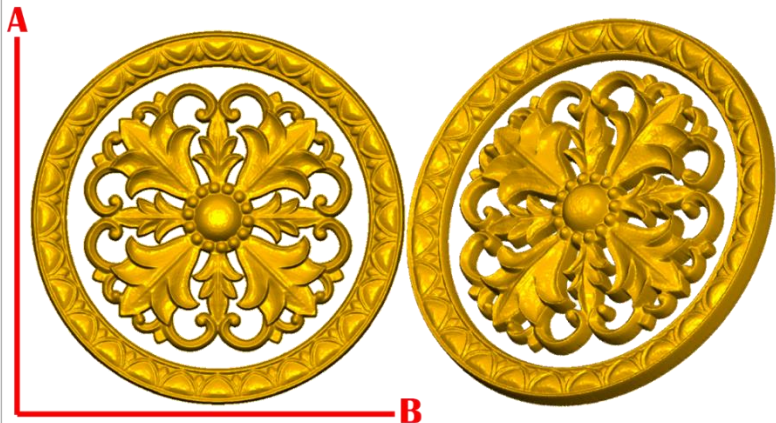

*Precios en MXN más IVA Sujetos a cambios sin previo aviso.

*Figuras en pasta de madera se venden en paquetes de 4 piezas.

PASTA DE MADERA Y MOLDES PARA EL ARTESANO

ROSE40:

- 1)A:5cm, B:5cm
- 2)A:10cm, B:10cm
- 3)A:15cm, B:15cm
- 4)A:20cm, B:20cm

ROSE41:

- 1)A:5cm, B:5cm
- 2)A:10cm, B:10cm
- 3)A:15cm, B:15cm
- 4)A:20cm, B:20cm

ROSE42:

- 1)A:5cm, B:5cm
- 2)A:10cm, B:10cm
- 3)A:15cm, B:15cm
- 4)A:20cm, B:20cm

Cerrada Rio Bravo Lote 20 Mz.A
Col. Ampliación Puente Colorado C.P. 01730
Del. Alvaro Obregón. Tel: 70981883
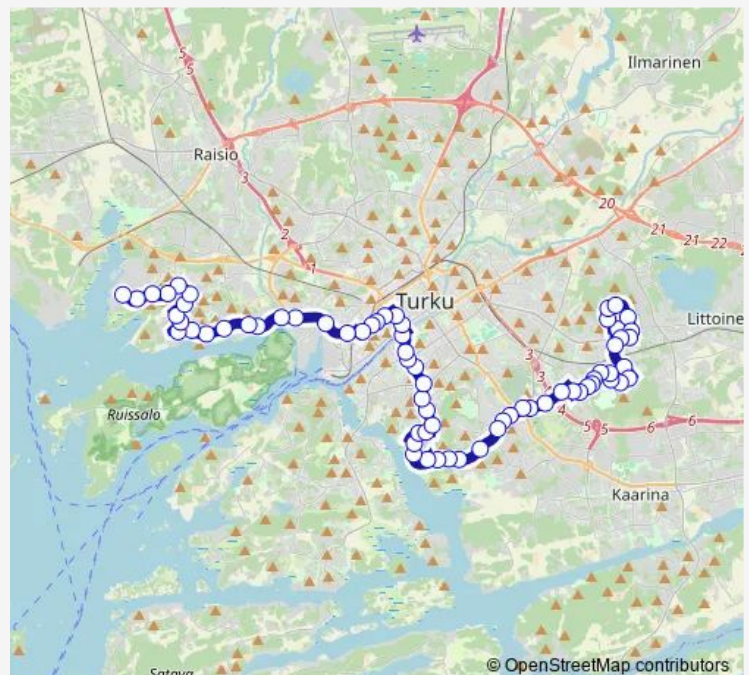

Puistomäenkatu

### Route schedule

Valmetinkatu — Varissuo

Monday 16:15

Tuesday 16:15

Wednesday 16:15

Thursday 16:15

Friday 16:15

Saturday —

### Route info

Direction: Valmetinkatu

Stops: 62

Trip Duration: 0 hour 41 min

91 — Varissuo-Uittamo-Pansio

Jäkäläpuisto

Rätiälänkatu

Kaarlenpuisto
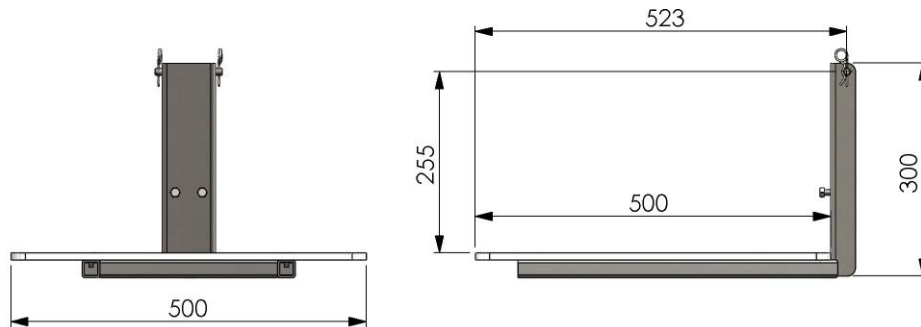

Art No. MAN80-600

PIATTAFORMA

Materiale: 304 Scocca in acciaio inossidabile con piatto in nylon

Max 80kg @ 400mm

Revision 01
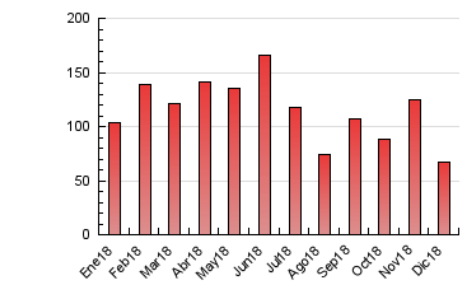

Pàgines (x 1000)
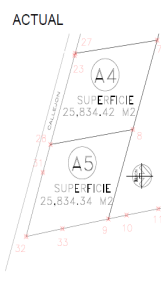

www.pinmx.com
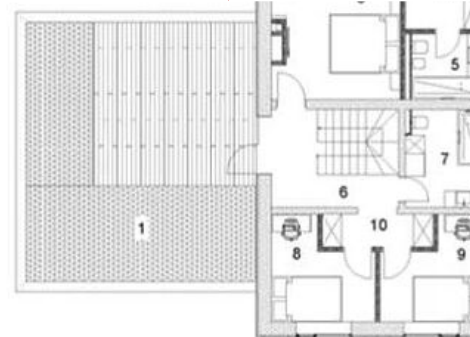

Терраса на кровле

Фасадное освещение

Новый дом

Панорамное остекление

Экстерьер

1 этаж

- 1. Гараж - 42,75 м²
- 2. Холл - 5,4 м²
- 3. Котельная - 9,3 м²
- 4. Гостиная с камином - 28,3 м²
- 5. Кладовая - 4,45 м²
- 6. Санузел - 4 м²
- 7. Кухня-столовая - 24,2 м²
- 8. Спальня

План-схема

План-схема

2 этаж

- 1. Терраса - 55,7
- 2. Балкон - 6,5
- 3. Мастер-спальня (с балконом) - 16,5
- 4. Гардеробная - 5,3
- 5. Санузел - 4,4
- 6. Холл - 7,7
- 7. Санузел - 7
- 8. Детская - 8,44
- 9. Детская - 8,44
- 10. Детская гардеробная - 3,4
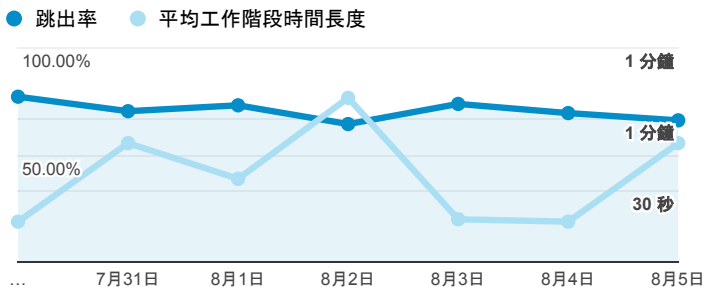

### 報表01\_訪客

2018年7月30日 - 2018年8月5日

所有使用者  
100.00% 個工作階段

#### 平均造訪停留時間和單次造訪頁數

#### 跳出率和平均造訪停留時間
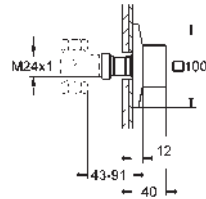

GROHE SPA

GROHE ALLURE BRILLIANT

BANO SPA

Referencia Color Precio (€)

29 398 000	Cromo	248,21
29 398 DC0	Supersteel	347,51
29 398 AL0	Brushed hard graphite (Grafito cepillado)	397,15

Allure Brilliant
Parte exterior llave de paso
Sólo parte exterior
Necesaria parte interior 29 032 000
Profundidad de empotramiento, 43 - 91 mm
Sustituye la parte exterior llave de paso Allure Brilliant 19 796 000

29 032 000		42,36
Parte empotrable para llave de paso G 1/2"		

35 028 000		178,91
GROHE Rapido C cuerpo empotrable para llave de paso en cabinas de ducha a medida
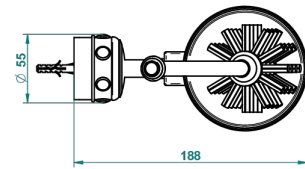

AMBOISE MALAQUITA

A1J-4720

Escobillero mural sin tapa, con escobilla

THG®
PARIS

44513

27/10/2015

CARACTERÍSTICAS

- Amboise Malaquita
- Escobillero mural sin tapa, con escobilla

ACABADOS DISPONIBLES

Cerámica negra mate - D30
Cromo - A02
Cromo / dorado - G02
Cromo mate - C02
Dorado - F01
Dorado mate - F07

Dorado pálido - F30
Dorado pálido mate (sin barniz) - F31
Níquel - B01
Níquel mate - C01
Níquel viejo - H28
Pvd blush - H62

Pvd blush mate - H60
Pvd color latón - H49
Pvd color latón mate - H50
Pvd color níquel - H55
Pvd color níquel mate - H56
Pvd color oro - H52

Pvd color oro mate - H53
Pvd grafito - H64
Pvd grafito mate - H65
Pvd marrón bronce - F33
Pvd marrón bronce mate - F34
Pvd umber - H66

Pvd umber mate - H67
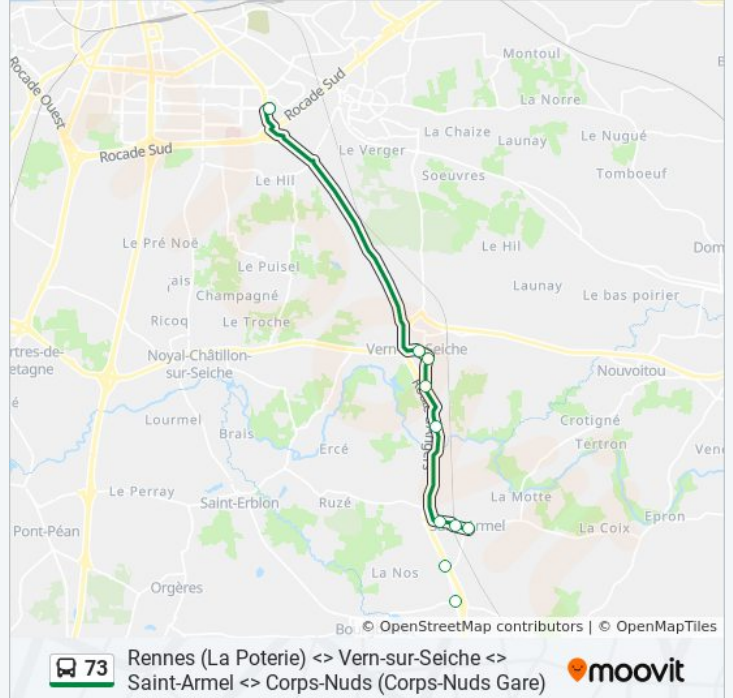

### Direction: Rennes La Poterie

15 arrêts

[VOIR LES HORAIRES DE LA LIGNE](#)

Corps-Nuds Gare  
Huberdières  
Place De Kildare  
Corps-Nuds Mairie  
Chêne Hervé  
Launay Garnier  
Za Bourgbarré  
Saint-Armel Eglise  
Saint-Armel Gare  
Lande Du Jardin  
Vaugon  
Croix Malinge  
Bel Air  
La Poste  
La Poterie (Quai B)

### Horaires de la ligne 73 de bus

Horaires de l'itinéraire Rennes La Poterie:

lundi	06:10 - 20:15
mardi	06:10 - 20:15
mercredi	06:10 - 20:15
jeudi	06:10 - 20:15
vendredi	06:10 - 20:15
samedi	07:10 - 20:15
dimanche	Pas Opérationnel

### Informations de la ligne 73 de bus

**Direction:** Rennes La Poterie

**Arrêts:** 15

**Durée du Trajet:** 30 min

**Récapitulatif de la ligne:**

## Direction: Rennes La Poterie Via Champ Martin

16 arrêts

[VOIR LES HORAIRES DE LA LIGNE](#)

Corps-Nuds Gare  
 Huberdières  
 Place De Kildare  
 Corps-Nuds Mairie  
 Chêne Hervé  
 Launay Garnier  
 Za Bourgbarré  
 Saint-Armel Eglise  
 Saint-Armel Gare  
 Lande Du Jardin  
 Vaugon  
 Croix Malinge  
 Bel Air  
 La Poste  
 Champ Martin  
 La Poterie (Quai B)

################

HOW TO COMPLETE THIS TASK — Filter the lines above, keeping and copying those that contain "Corps".

ANSWER BOX —
Corps-Nuds Gare  
Corps-Nuds Mairie  
Corps-Nuds Gare  
 Corps-Nuds Mairie  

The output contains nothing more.